Last Friday morning I took a meeting with SAS CEO Jim Goodnight. Despite the hassle, I was happy to rearrange my busy schedule to squeeze him in.
Ha! Just a little joke there about my inflated sense of importance! Actually, the meeting was part of a regular series called "Conversations over Coffee", when Dr. Goodnight makes himself available for a small group of employees to talk about...well...anything that they want to talk about. Any employee can sign up to participate; with a cap of about 10 or so employees, it turns out to be a rather intimate crowd. This access to leadership is one of the things that makes SAS a great place to work.
I kicked off the discussion with a question about the biggest buzz here at SAS: SAS high-performance analytics. I knew that Dr. Goodnight and a technical-savvy entourage had just completed a "roadshow" across Europe to demonstrate these latest advancements from SAS, and I joked that I hoped he wasn't tired of talking about it. My question was: with all of the focus on these high-end technologies to solve specific (albeit huge) business problems, how will these advancements improve the lives of our foundation SAS users? You know: the folks who sling DATA step, SQL, and PROC code for a living?
Jim responded by first explaining the idea behind high-performance analytics and how SAS brought it to life. He explained the idea of rethinking huge problems that involve big data, and how SAS applies state-of-the-art computing technology to solve those problems in a small fraction of the time. Using hand gestures, he showed how with today's hardware, data can be loaded into memory and operated on across thousands of processor cores and...wait, instead of reading my report on this, you can watch Jim explain it himself. I'll wait.
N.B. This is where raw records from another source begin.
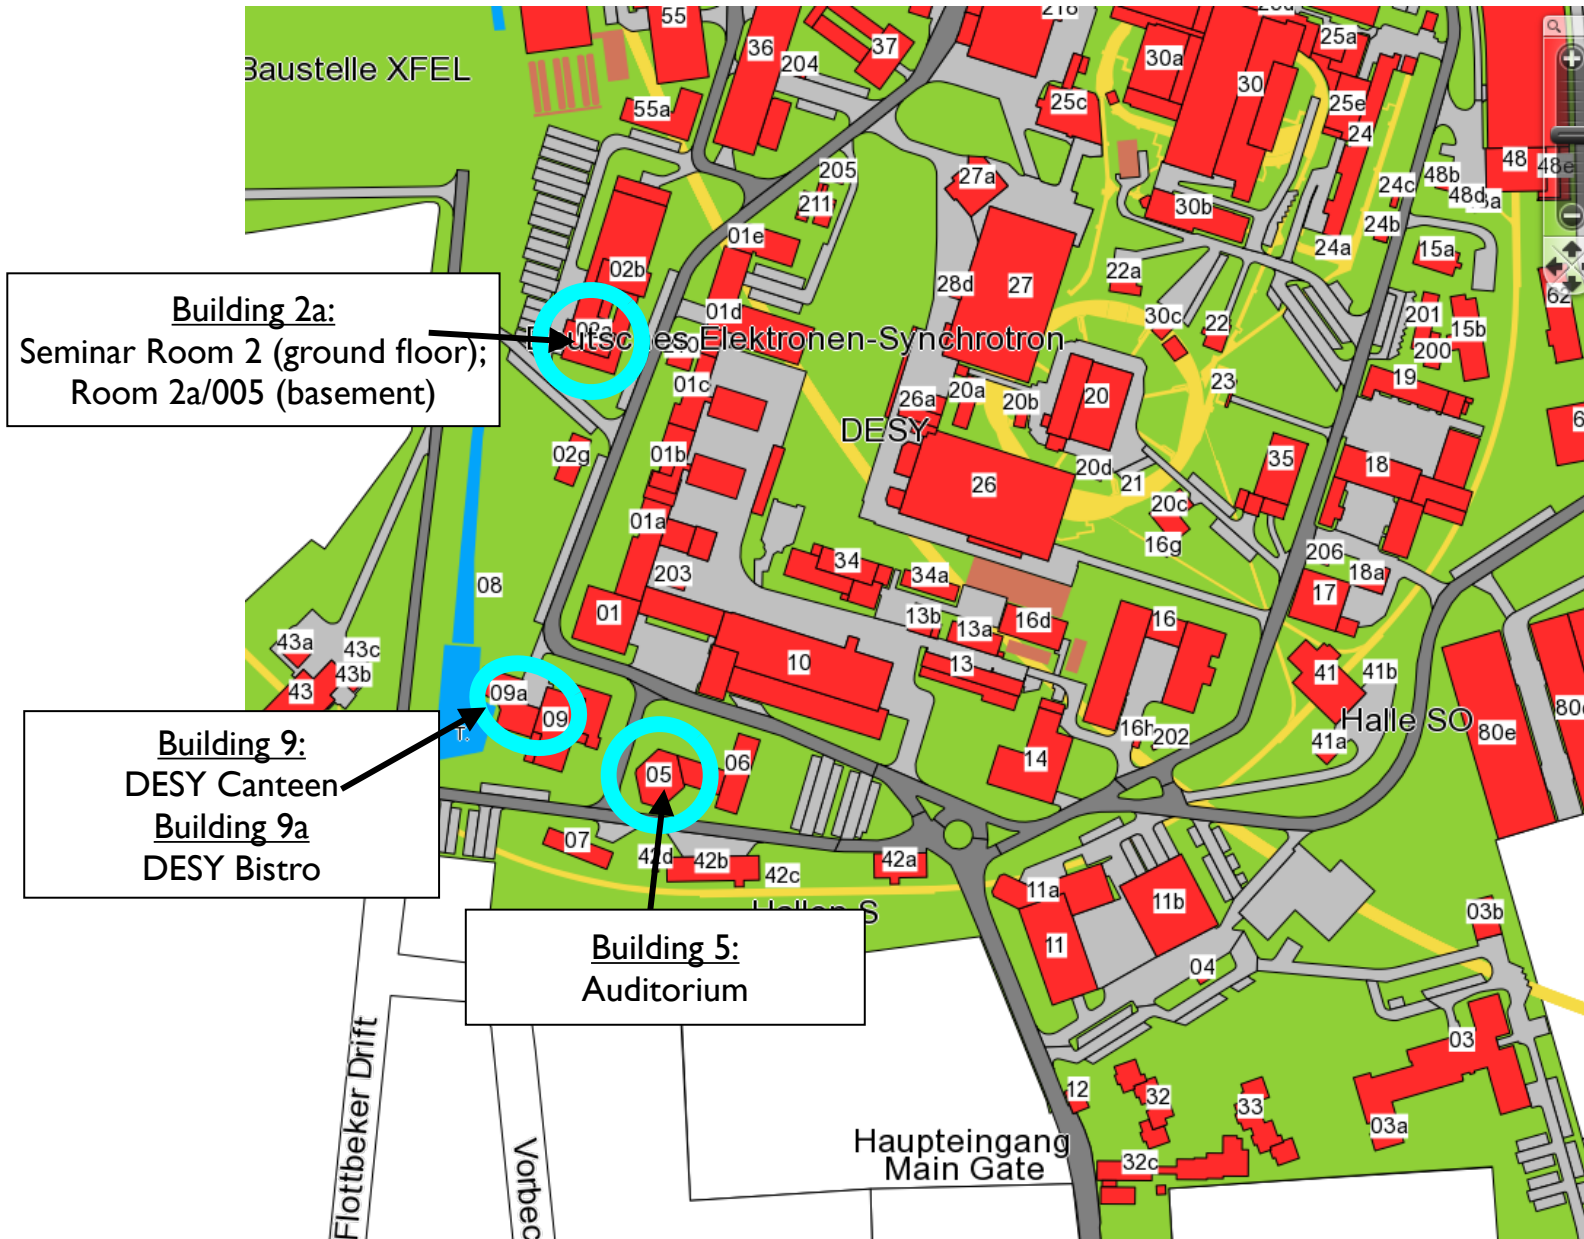

ILD Software and Integration Workshop

Schedule

- Tue 06/07 (08:30-09:00)
Registration → Auditorium
- Tue 06/07 (09:00-13:00)
Software → Auditorium
Integration → 2a/005
- Tue 06/07 (14:00-17:30)
Software → Seminar Room 2
Integration → 2a/005
- Wed 07/07 (09:00-12:30)
Software → Seminar Room 2
Integration → 2a/005
- Wed 07/07 (14:00-17:30)
Joint Soft/Int → Seminar Room 2
- Wed 07/07 (18:30-22:30)
Dinner → DESY Bistro
- Thu 08/07 (09:00-16:00)
ILD Plenary → Auditorium
- Lunch (all days)
DESY Canteen

So, do you get the picture? Dr. Goodnight is enthused about this stuff, and justifiably so. But back to my question: how will this focus on high performance help today's SAS programmer and BI user?
The answer, without getting too specific, is that we can expect the lessons learned from implementing high performance at the "appliance level" to work their way into the SAS language that we know and love. Already, we can see "HP" versions of the most computationally intense analytic procedures. It might take a little while, but as workstation-class and server-class hardware become more capable, the SAS language should evolve to take advantage of it.
I view it as similar to the space program in the US. For much of the 1960s, the nation was focused on a single goal: get a person to the moon. We reached that objective long ago, but we still benefit from the technology that was created as a result.
The analogy may be more appropriate than you think. During our Conversation over Coffee, one new employee asked Dr. Goodnight about his early career. Jim talked about several of his pre-SAS jobs, including a stint as a programmer on the Apollo space program. He knows first-hand the tremendous results that such an intense focus can bring.